### [Description of the task]
Write out all of the records below precisely as given, omitting the images.
======== Material to process ========
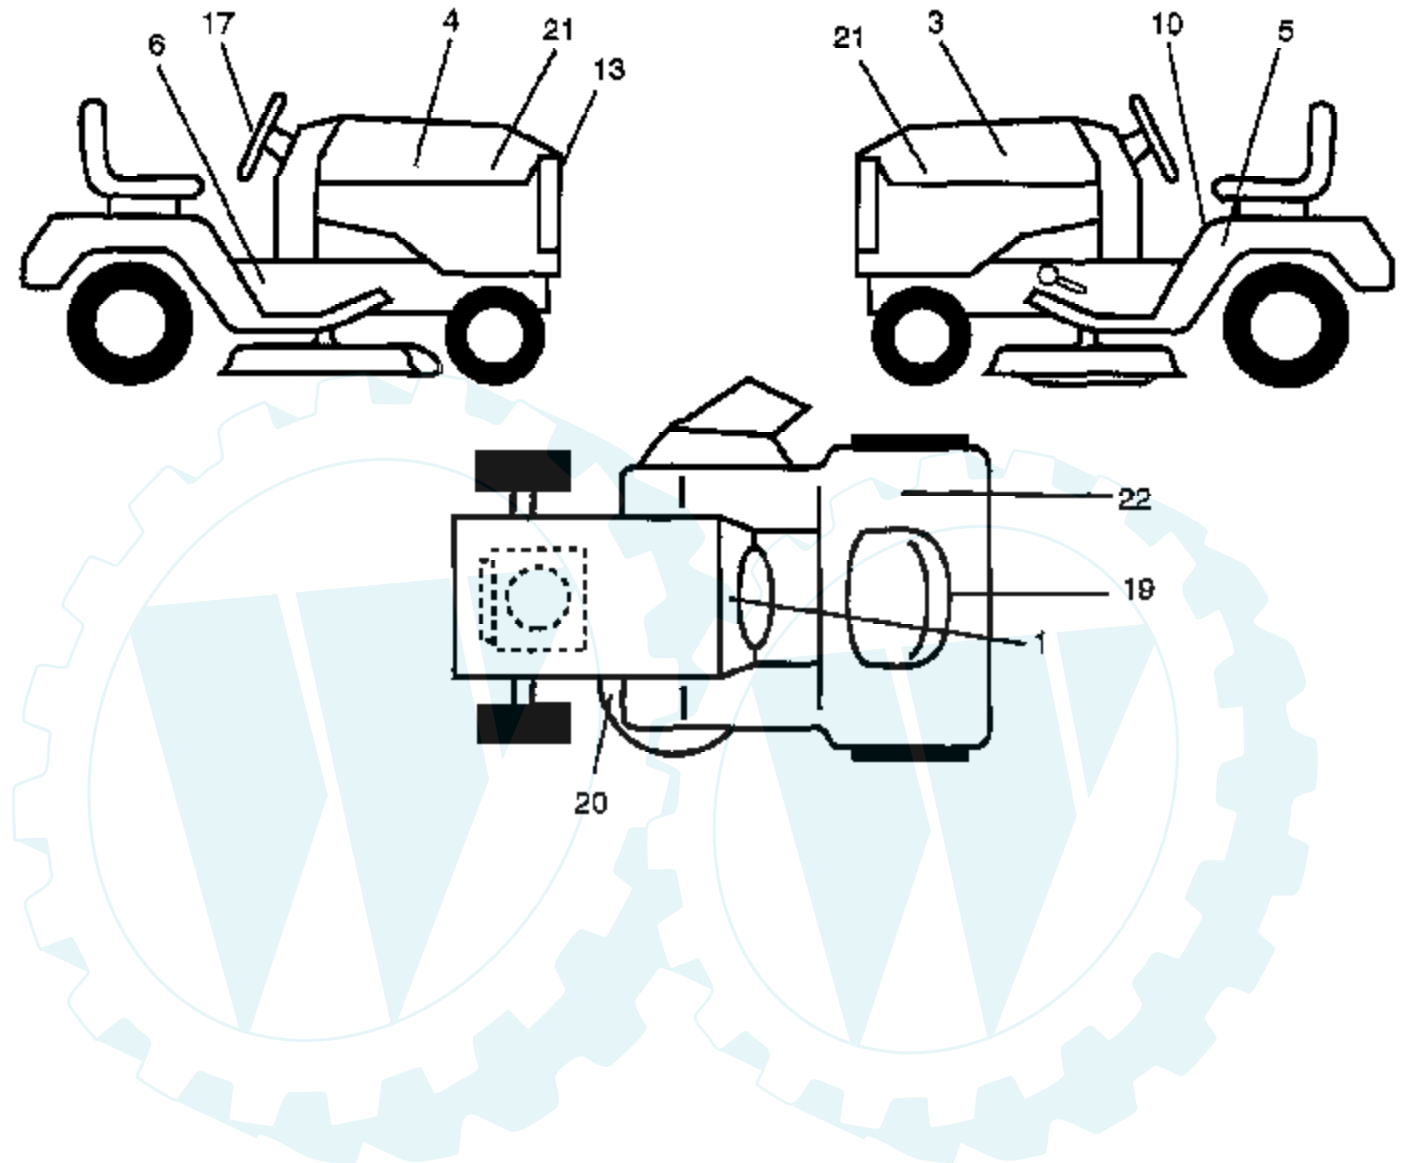

TRACTOR - - MODEL NUMBER AYP9120B59

DECALS

Ref #	Part Number	Qty	Description
1	138272		DECAL.INST.OPER
3	141493		DECAL STRIPE HOOD
4	141491		DECAL STRIPE HOOD
5	135073		DECAL
6	141496		DECAL CHASSIS
10	133796		DECAL
13	141497		DECAL.GRILLE
17	133870		NLA
19	136832		DECAL
21	141495		DECAL.INST.HD.WIZ
22	145005		DECAL.BATRY.3-3908
	147283		MANUAL.O.9120B59
========
### [Exercise answer]
TRACTOR - - MODEL NUMBER AYP9120B59

DECALS

Ref #	Part Number	Qty	Description
1	138272		DECAL.INST.OPER
3	141493		DECAL STRIPE HOOD
4	141491		DECAL STRIPE HOOD
5	135073		DECAL
6	141496		DECAL CHASSIS
10	133796		DECAL
13	141497		DECAL.GRILLE
17	133870		NLA
19	136832		DECAL
21	141495		DECAL.INST.HD.WIZ
22	145005		DECAL.BATRY.3-3908
	147283		MANUAL.O.9120B59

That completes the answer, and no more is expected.